About The Era
Four years after the stock market crash of 1929, which triggered the Great Depression, President Franklin Delano Roosevelt initiated the New Deal, a program of domestic reform meant to revive the economy and alleviate the problem of mass unemployment. Toward these ends, he established various new federal agencies, putting many more people to work to do the increased business of government. Thousands of artists were employed, most through the largest program, the Works Progress Administration. Although the government did not dictate the type of art that was to be produced, it did encourage the use of a representational style and American themes. As a result, most of the art created in the decade prior to World War II was humanistic in orientation.
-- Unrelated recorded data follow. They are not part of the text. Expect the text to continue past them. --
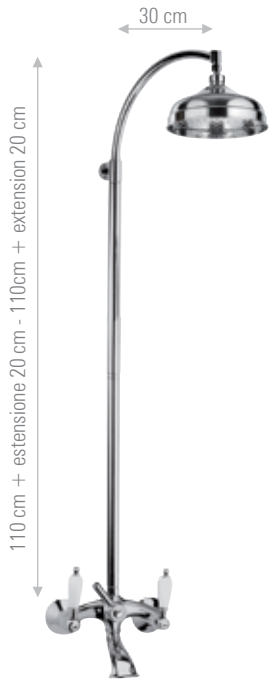

CR FIN A FIN B

RT4100Z

Gruppo vasca con deviatore e attacco 3/4M.

Bathtub mixer with diverter and 3/4M connection.

CR FIN A FIN B

RT4433Z

Gruppo doccia esterno attacco 3/4 per colonna doccia.

Wall-mounted shower mixer connection 3/4 for columns.

CR FIN A FIN B

INCASSI DOCCIA - BUILT-IN MIXERS

RT602

Miscelatore monocomando doccia incasso.

Single lever built-in shower mixer.

CR FIN A FIN B

RT612

Miscelatore monocomando incasso con deviatore per vasca/doccia.

Single lever built-in bath/shower mixer with diverter.

CR FIN A FIN B

COLONNE DOCCIA E VASCA - SHOWER AND BATH COLUMN

RT413789

Gruppo vasca con colonna girevole e soffione tutto in ottone cromato.
Bathtub mixer with column and shower head all in brass.
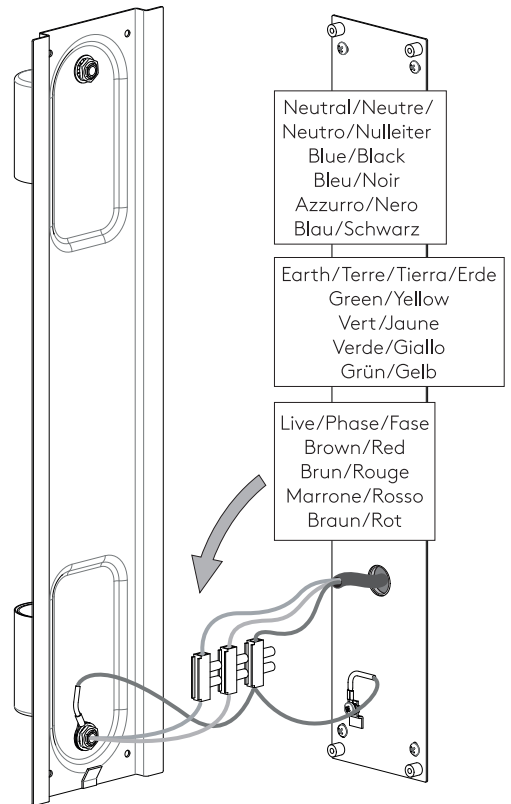

# AVIGNON ROUND 525 astro

GB

PLEASE READ THE INSTRUCTIONS CAREFULLY  
BEFORE COMMENCING ASSEMBLY

Live: Normally Brown / Red  
Neutral: Normally Blue / Black  
Earth: Normally Green / Yellow

IT

LEGGERE ATTENTAMENTE LE ISTRUZIONI  
PRIMA DI COMINCIARE L'ASSEMBLAGGIO

Cavo positivo: normalmente marrone o rosso  
Cavo neutro: normalmente blu o nero  
Cavo terra: normalmente verde o giallo

FR

LIRE ATTENTIVEMENT LES INSTRUCTIONS  
AVANT DE COMMENCER LE MONTAGE

Phase: Normalement Brun / Rouge  
Neutre: Normalement Bleu / Noir  
Terre: Normalement Vert / Jaune

DE

LESEN SIE BITTE DIE ANWEISUNGEN  
SORGFÄLTIG DURCH, BEVOR SIE MIT DEM  
ZUSAMMENBAUEN BEGINNEN

Phase: Normalerweise Braun / Rot  
Nulleiter: Normalerweise Blau / Schwarz  
Erde: Normalerweise Grün / Gelb

FOR WALL USE ONLY  
Usage mural uniquement  
Solo per uso a parete  
Nur zur Verwendung als Wandleuchte

1

TURN OFF POWER  
 Couper le courant! /  
 Spegner la corrente! /  
 Strom Abhalten!

2

3

4

5

6
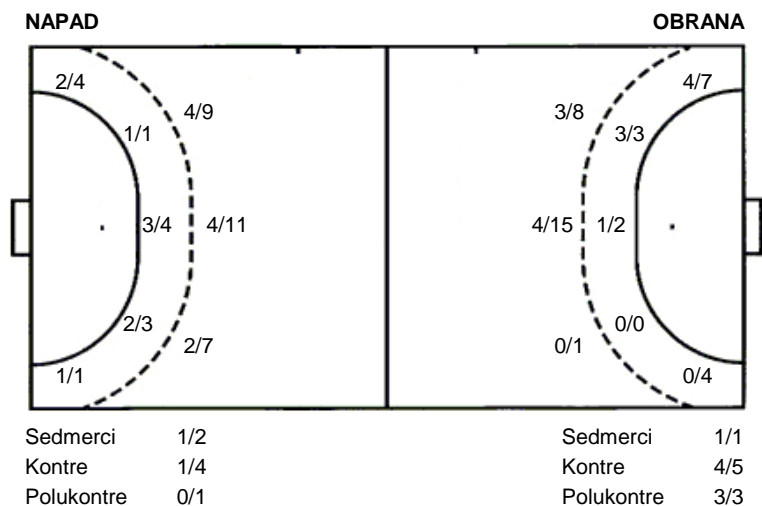

Karlovac
Medveščak NFD

23 (10)
21 (12)

Liga
Dvorana: **Dvorana Mladost (Karlovac)**
Suci: **Robert Kober i Igor Sunajko**
Početak: **12.12.2010 20:00**

Utakmica završena

Raspored šuta po igraču

3 T. Rajić	5 M. Tomić	6 B. Balić	8 E. Golić	9 T. Kontrec	11 M. Didić	13 Z. Gvozdanović
1/1		0/1		1/2		
1/3				0/1		2/2
	1/1	1/1	0/1	2/2	1/1	2/2
		2/2		1/2	2/3	1/1
1 stativa		1 prom. 1 blok		1 prom.	3 prom. 2 blok	
14 F. Boban	15 H. Gudlin	17 A. Tokić	21 M. Bureš	22 V. Vuletić	23 H. Marinčić	
0/1						
0/1		1/1				
		0/1			1/1	
1 blok		1 prom.				

UKUPNO

2/4		2/2
1/4	0/1	1/4
7/8	1/4	7/9

1 stativa 6 prom. 4 blok

Šutevi po pozicijama

Br. Broj dresa   **Uku.** Ukupni šut   **6m** Šut sa crte (6m)   **9m** Šut izvana (9m)   **Kril.** Šut s krila   **Knt.** Šut kontra   **7m** Šut sedmerci
Pkt. Šut polukontra   **Ast.** Asistencije   **17m** Izboreni sedmerci   **Teh.** Tehničke greške   **Osv.** Osvojene lopte   **Isk.** Isključenja 2m   **Skr.** Skrivljeni 7m
I2m Izborena isklj.   **Žut.** Žuti kartoni   **Crv.** Crveni kartoni
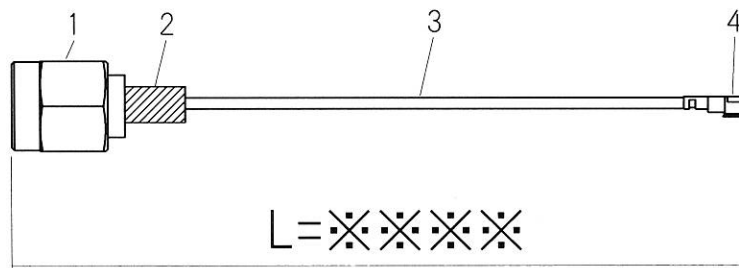

RoHS 2 Support

4	MHF 1 Plug	20351-112R-37
3	Coaxial Cable	φ 1.37 Coaxial Cable
2	Heat Shrink Tube	B2 Type
1	SMA Plug	SMA-PS-08G
No	TYPE	P/N

Drawn	Checked	Approved	Unte
Y.OE	Y.OE	N.IKEO	mm
2018.5.5	2018.5.5	2018.5.5	A4
日本エレパーツ株式会社 NIHON ELEPARTS CO.,LTD.			
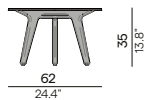

Organic coffee table
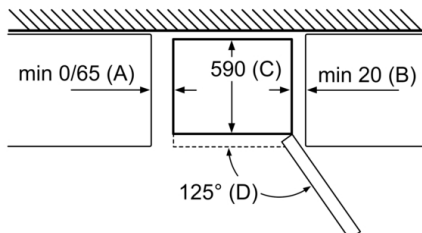

Seadme nimi	A	B	C	D
KGN33, 36, 39, 46, 49	0/65	20	590	125
KGF39, 49	0/65	20	590	125

Mõõt A:

Vertikaalselt integreeritud käepidemetega mudelitel on lihtsa avamise saavutamiseks vajalik minimaalne kaugus 65 mm.

Mõõdud (mm)
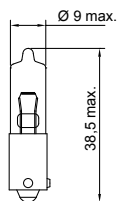

H21W

Type-No.	ECE	V	W	socket	pcs-шт.	info
B17201	H21W	12	21	BAY9s	10	miniature
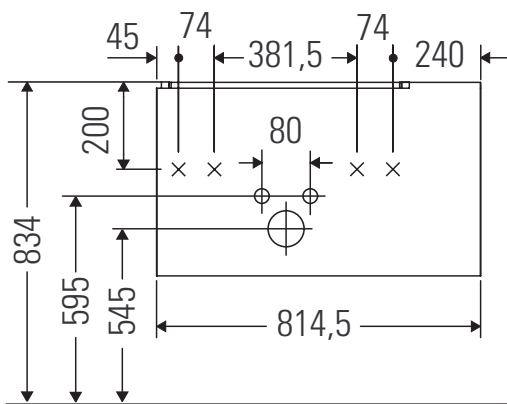

L-Cube

LC 6191

Monteringsanvisning

W mm	X mm
17	834

ME by Starck # 234583

Användarinformation

Badrumsmöbelserien uppfyller gällande standarder och riktlinjer vid leveranstidpunkten och är konstruerad för användning i badrum. Undvik direkt fuktning med vatten exempelvis i samband med duschande.
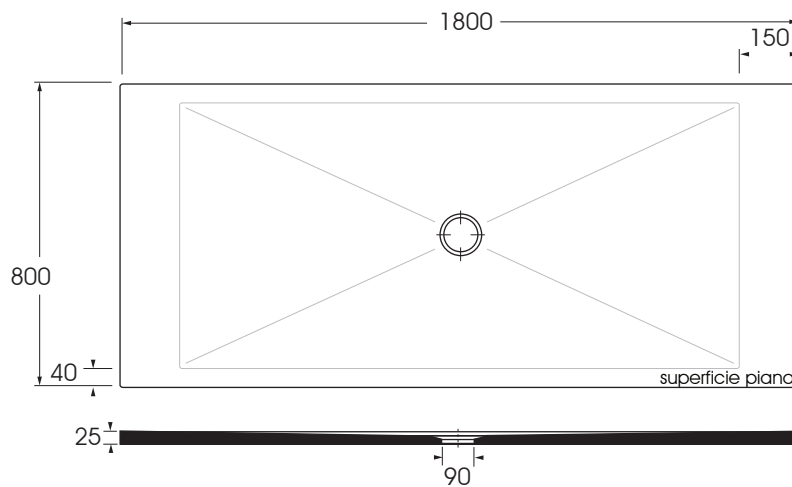

SDPD18008020

piatto doccia/ shower tray

codice
code

Piatto doccia SoloDue H2 cm 180 X 90.
SoloDue h2 cm 180 X 90 shower tray.

cotone/ cotton

SDPD18008020CT

finiture COLORS 1250°/ COLORS 1250° finishing

SDPD18008020...

SDPD18008020 MC/MB....

finiture SHINE/ SHINE finishing

SDPD18008020...

(Specificare il colore al momento dell'ordine/ Specify the color when ordering)

SDPD18008020 PS/SA/SS

CM 180x80xh2

scatole/box 1

kg 48

scala/scale 1:20 dimensioni/dimensions in mm

- Colori disponibili per tutti i prodotti SOLODUE
e per il tappo copripiletta

- Available for all SOLODUE products
and for the free flow drains

COLORS 1250°

Le malteceramiche

SHINE

Complementi/complements:

Codice
code

Codice
code

Piletta doccia 1" 1/4 di diametro (ø 90) con tappo COLORATO:
COLORS 1250° / Le malteceramiche / SHINE

1" 1/4 (ø 90) diameter waste system for shower tray provided with
colors top: COLORS 1250° / le malteceramiche / SHINE
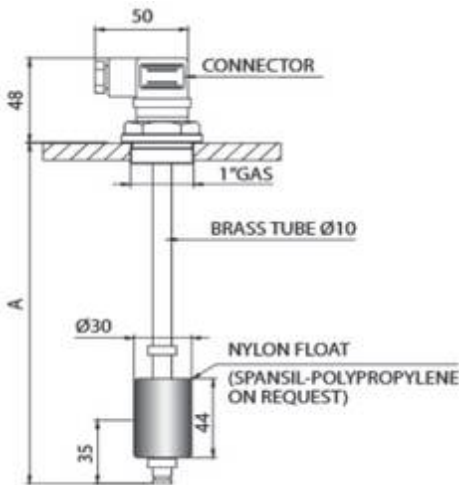

Serie NS1

Series NS1

Typ / type	A
NS 1-NO/100	100
NS 1-NO/150	150
NS 1-NO/200	200
NS 1-NO/250	250
NS 1-NO/300	300
NS 1-NO/350	350
NS 1-NO/400	400
NS 1-NO/450	450

Durch Drehen des Schwimmers wird der Kontakt geändert

By turning the float the contact is changed
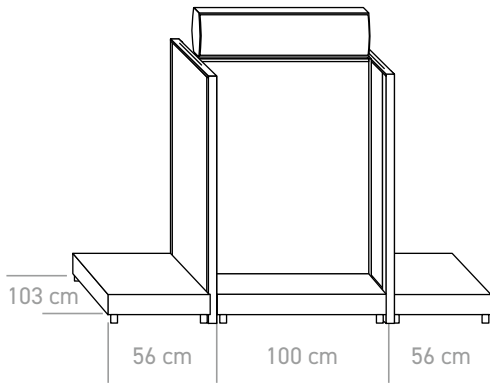

D	020.944.09	1	86,00
----------	------------	---	--------------

AVAILABLE
04.2022

E DIN A4 + A3 STAND

E			
A4	020.944.05	1	8,50
A3	020.944.04	1	10,00

6 COMPACT SHOP

A 212 cm

B 312 cm

C 412 cm

A 212 cm

B 312 cm

C 412 cm

020.114 (komplett) complete · compleet · complet · completo · completo	020.115 (komplett) complete · compleet · complet · completo · completo	020.116 (komplett) complete · compleet · complet · completo · completo
750,- EUR * (komplett) complete · compleet · complet · completo · completo	1.150,- EUR * (komplett) complete · compleet · complet · completo · completo	1.450,- EUR * (komplett) complete · compleet · complet · completo · completo
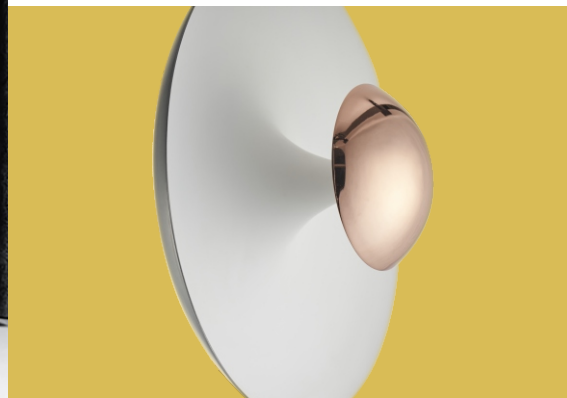

伊冷 ELING

- # 6348F-LED
- FLOOR LAMP
- Ø45*30*175
- LED 1x12W
- ALUMINIUM/CARBON STEEL
- GUN GRAY+ROSE GOLD
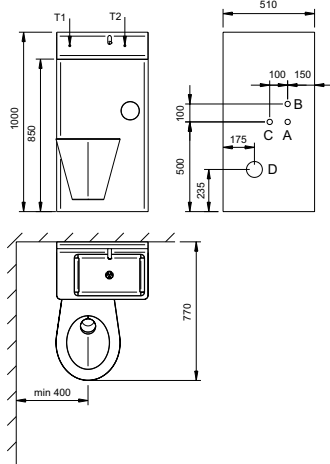

Bezpečnostní sety

BSK 02 - bezpečnostní kombi set (toaleta + umyvadlo)

Kombiset je ovládán pomocí bezpečnostních antivandalových nerezových tlačítek. Varianta **BSK 02Z** má pouze bezpečnostní ovládání umyvadla - klozet je dodáván bez ovládání splachování, které musí být řešeno centrálně. Použití je především ve věznicích, kde se splachují např. centrálně všechny klozety na celách najednou nebo oddáleně - např. zvenci cely.

Sety jsou vyrobeny z nerezové oceli AISI 304.

BSK 02

MATNÝ POVRCH

BSK 02 JE DODÁVÁN V RŮZNÝCH DISPOZIČNÍCH VARIANTÁCH

- **BSK 02.KP** - bezpečnostní kombi set, kolmé provedení, klozet vpravo + umyvadlo
- **BSK 02.KL** - bezpečnostní kombi set, kolmé provedení, klozet vlevo + umyvadlo
- **BSK 02.UP** - bezpečnostní kombi set, šikmé provedení, klozet vpravo + umyvadlo
- **BSK 02.UL** - bezpečnostní kombi set, šikmé provedení, klozet vlevo + umyvadlo
- **BSK 02Z.KP** - bezpečnostní kombi set, kolmé provedení, klozet vpravo + umyvadlo, bez ovládání klozetu
- **BSK 02Z.KL** - bezpečnostní kombi set, kolmé provedení, klozet vlevo + umyvadlo, bez ovládání klozetu
- **BSK 02Z.UP** - bezpečnostní kombi set, šikmé provedení, klozet vpravo + umyvadlo, bez ovládání klozetu
- **BSK 02Z.UL** - bezpečnostní kombi set, šikmé provedení, klozet vlevo + umyvadlo, bez ovládání klozetu

ZÁKLADNÍ TECHNICKÉ ÚDAJE

přívod vody:	G 1/2" a G 1"	A - PŘÍVOD VODY 1"
odpad:	110 mm	B - PŘÍVOD TEPELNĚ UPRAVENÉ VODY 1/2"
el. napájení:	12 V, 50 Hz	C - PŘÍVOD ELEKTRO
příkon:	max. 20 VA	D - ODPAD
hmotnost:	cca 40 kg (dle typu provedení)	T1 - TLAČÍTKO OVLÁDÁNÍ SPLACHOVÁNÍ KLOZETU (ne pro BSK 02Z.KL)
napájecí zdroj:	ZAC 1/20 (max. 1× BSK 01)	T2 - TLAČÍTKO OVLÁDÁNÍ VODY DO UMYVADLA
	ZAC 1/50 (max. 2× BSK 01)	
	ZAC 1/36L (max. 2× BSK 01)	

BSK 02.KL

BSK 02.KP

BSK 02.UL

BSK 02.UP

BSK 02Z.KL

BSK 02Z.KP

BSK 02Z.UL

BSK 02Z.UP
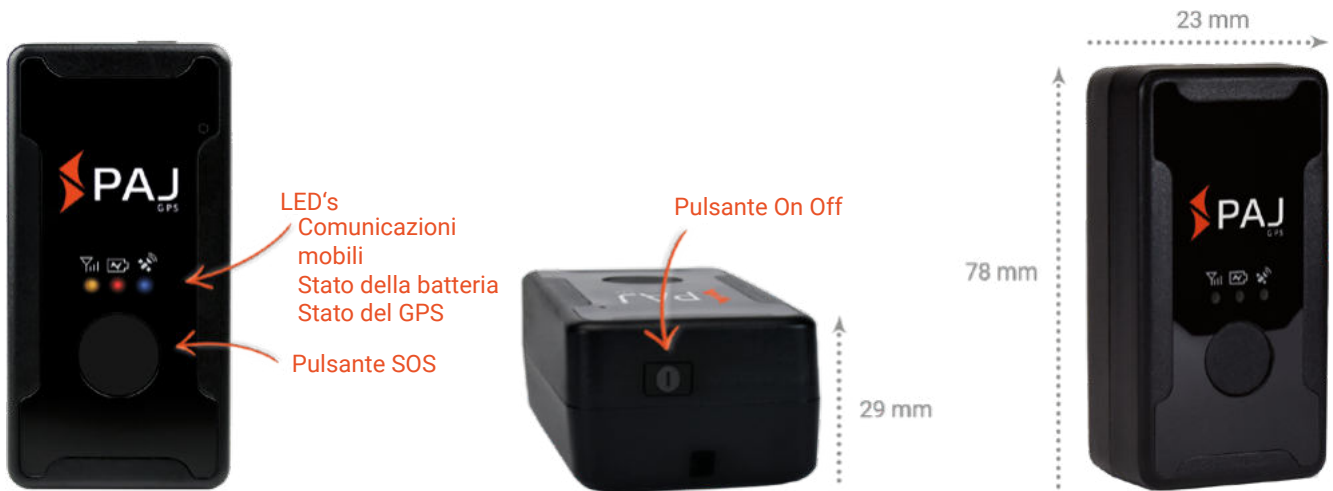

# EASY FINDER 4G

## SCHEDA TECNICA

Pulsante SOS

Protezione contro la pioggia

Alimentazione a batteria

Molteplici utilizzi

100 g

4G LTE

Batteria

### Dettagli tecnici:

- ▶ Durata della batteria
- ▶ Tipo di batteria
- ▶ Precisione GPS
- ▶ Impermeabile
- ▶ Ambiente operativo
- ▶ Umidità

in standby: circa 14 giorni /  
in funzione: circa 10 giorni  
3,7V 3000 mAh ioni di litio  
fino a 5 metri  
a prova di schizzi  
da -20 °C a + 75 °C  
dal 10 % all'85 %

### Funzioni di allarme:

Vibrazione

Geofence

Velocità

Batteria

SOS

Spegnimento

Artists, writers, and philosophers of the period became obsessed with the social relevance of art. Although a small group of American artists did attack the societal ills of the nation (housing shortages, unemployment) and of the world in general (the rise of fascism and militarism), most adopted a more pragmatic and even positive attitude. American scene painters captured busy city dwellers on streets, in buses, at work, and at play. Occasionally artists infused an element of humor into the pathos of everyday existence, even in scenes that allude to the political disasters of the day. Regionalists were particularly fond of idealizing the past and aggrandizing the present accomplishments of the country. In fact, the myth of America as a country where everyone lives a pastoral, carefree existence emerged with new vigor in the art of the 1930s.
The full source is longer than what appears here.